RECORDS FOR THE EXERCISE Block Start

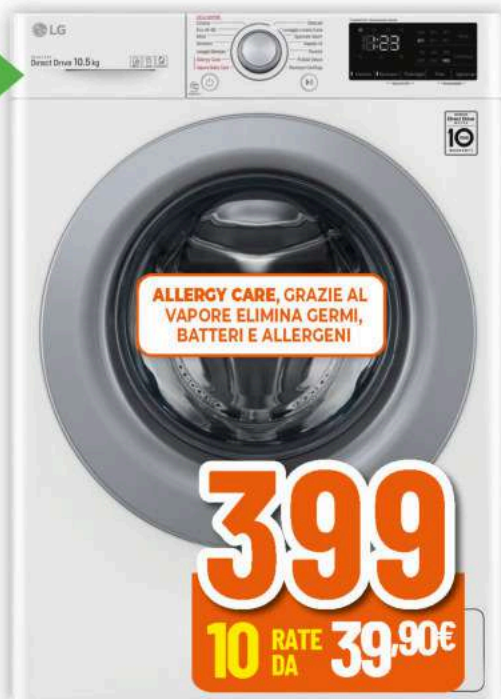

TECH TO SCHOOL

CON EXPERT STUDI E VIVI MEGLIO!

CLASSE **B**

9 KG

B 1400

B

Motore inverter

Vapore

COMPRESSORE LINEARE
10 ANNI GARANZIA

ALLERGY CARE, GRAZIE AL VAPORE ELIMINA GERMI, BATTERI E ALLERGENI

399

10 RATE DA 39,90€

LG
LAVATRICE
F4WW309S4E

- AI DD™: Grazie a 20.000 combinazioni di lavaggio possibili, la lavatrice sceglie il lavaggio perfetto • LG Steam™: elimina il 99,9% degli allergeni responsabili di allergie e problemi respiratori
- Motore DirectDrive: riduce rumore e vibrazioni
- Dimensioni (HxLxP): 85x60x56,5 cm

115W Potenza Ricaricabile Senza sacco

dyson v8

SCOPA RICARICABILE

- alimentazione a batteria
- tecnologia ciclonica

Compreso il Kit composto da 3 accessori del valore di € 65,00

CLICCA E RITIRA IN NEGOZIO

Disponibile on line su www.expert.it anche con il servizio prenota e ritira in negozio e nei punti vendita autorizzati

299

10 RATE DA 29,90€

CLASSE **G**

WiFi

INTERNET TV

HDR

Bluetooth
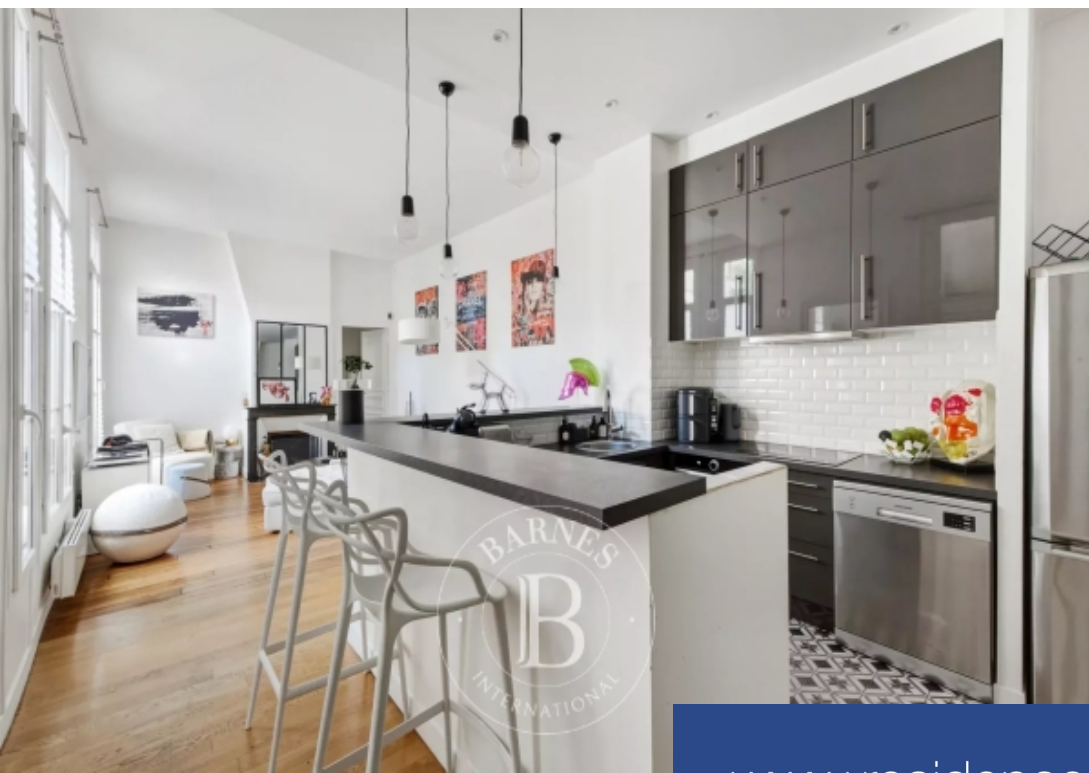

www.residences-immobilier.com
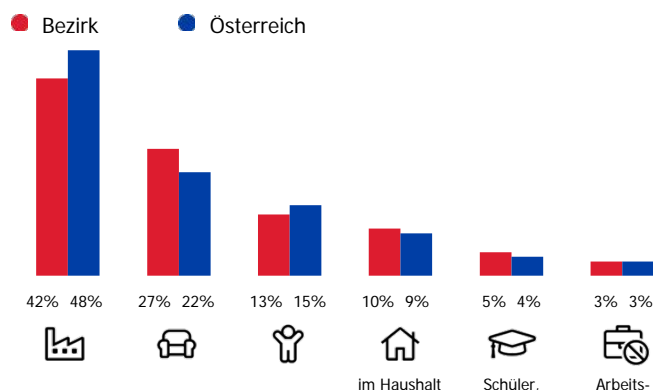

ERWERBSSTATUS
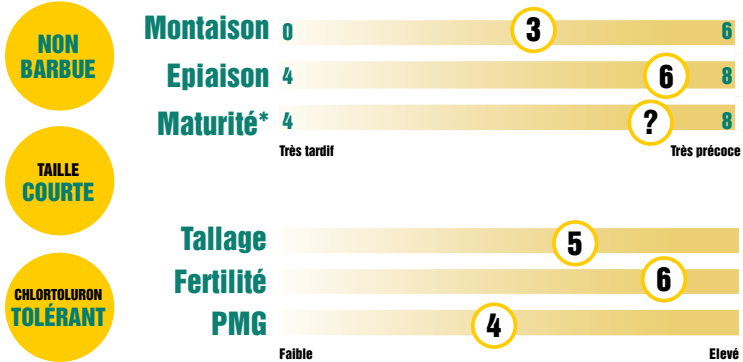

Alternatif 2 Hiver (2)

(1=sensible / 9=tolérant)
* note obtenteur

RECORDS FOR THE EXERCISE Block End

WORK INSTRUCTION -
Reproduce each entry verbatim, excluding any embedded images.

RESULT OF THE TASK -
TECH TO SCHOOL

CON EXPERT STUDI E VIVI MEGLIO!

CLASSE **B**

9 KG

B 1400

B

Motore inverter

Vapore

COMPRESSORE LINEARE
10 ANNI GARANZIA

ALLERGY CARE, GRAZIE AL VAPORE ELIMINA GERMI, BATTERI E ALLERGENI

399

10 RATE DA 39,90€

LG
LAVATRICE
F4WW309S4E

- AI DD™: Grazie a 20.000 combinazioni di lavaggio possibili, la lavatrice sceglie il lavaggio perfetto • LG Steam™: elimina il 99,9% degli allergeni responsabili di allergie e problemi respiratori
- Motore DirectDrive: riduce rumore e vibrazioni
- Dimensioni (HxLxP): 85x60x56,5 cm

115W Potenza Ricaricabile Senza sacco

dyson v8

SCOPA RICARICABILE

- alimentazione a batteria
- tecnologia ciclonica

Compreso il Kit composto da 3 accessori del valore di € 65,00

CLICCA E RITIRA IN NEGOZIO

Disponibile on line su www.expert.it anche con il servizio prenota e ritira in negozio e nei punti vendita autorizzati

299

10 RATE DA 29,90€

CLASSE **G**

WiFi

INTERNET TV

HDR

Bluetooth

www.residences-immobilier.com

ERWERBSSTATUS

Alternatif 2 Hiver (2)

(1=sensible / 9=tolérant)
* note obtenteur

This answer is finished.